数日后,产屋敷耀哉的鎹鸦带来了正式的命令,声音在蝶屋肃穆的庭院中回荡。
“原花柱蝴蝶香奈惠,因伤退役,功勋卓著,永铭鬼杀队史册。”
“其继任者,蝴蝶忍!”
“即日起,继承‘虫柱’之名!统领蝶屋,司职医疗、毒理研发,及对鬼之弱点研究!望汝继承其姐守护之志,以毒淬刃,护佑众生!”
庭院里一片寂静。风雪似乎也在此刻凝滞。
忍静静地站在庭院中央,穿着那身象征着责任与仇恨的蝶翅羽织。她缓缓抬起头,脸上,是那副模仿得惟妙惟肖的、属于姐姐的温柔笑容,唇角弯起的弧度恰到好处。
“遵命,主公大人。”她的声音轻柔悦耳,如同春风拂过。
然而,当她垂下眼帘,看向自己摊开的手掌时,那紫色的眼眸深处,再无半分笑意,只剩下如同万载玄冰般的森冷毒光,以及一个无声燃烧的名字——
**童磨!**
指尖,几滴刚刚调配好的、泛着诡异幽紫色的毒液,被她无声地攥紧,融入掌心。剧痛传来,她却仿佛毫无所觉。
蝶翼已淬毒。
虫柱,诞生于血泪与复仇的烈火之中。
而那条通往地狱复仇的道路,已在少女冰冷决绝的笑容下,铺满了荆棘与剧毒。
香奈惠靠在病房的窗边,看着庭院中接受柱名的妹妹,泪水无声滑落。是欣慰,更是无法言说的心痛。
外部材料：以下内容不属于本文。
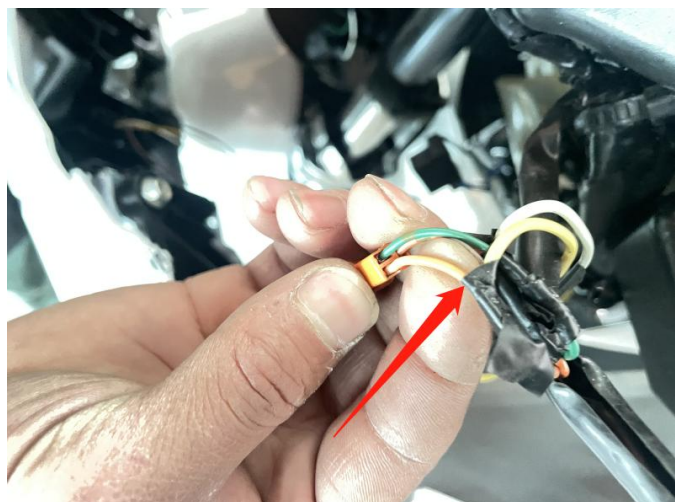

Finally, install the protective cover of the new headlight and the previously removed accessories back on the motorcycle. As the picture shows:

6. Follow these steps:

First, connect the new headlight harness connector with the motorcycle harness connector

杏寿郎站在不远处,握紧了腰间的刀柄,火焰般的眼眸中燃烧着坚定的守护之意。
沉睡的梦子,指尖似乎极其微弱地动了一下,鬓角的藤蔓发束,闪过一丝稍纵即逝的紫绿光芒。
香奈乎依旧在窗边抛着硬币,空洞的眼神倒映着纷飞的雪花,那枚冰冷的金属,在她掌心留下了一道极淡的红痕。
希望如同风雪中的微光,挣扎着,未曾熄灭。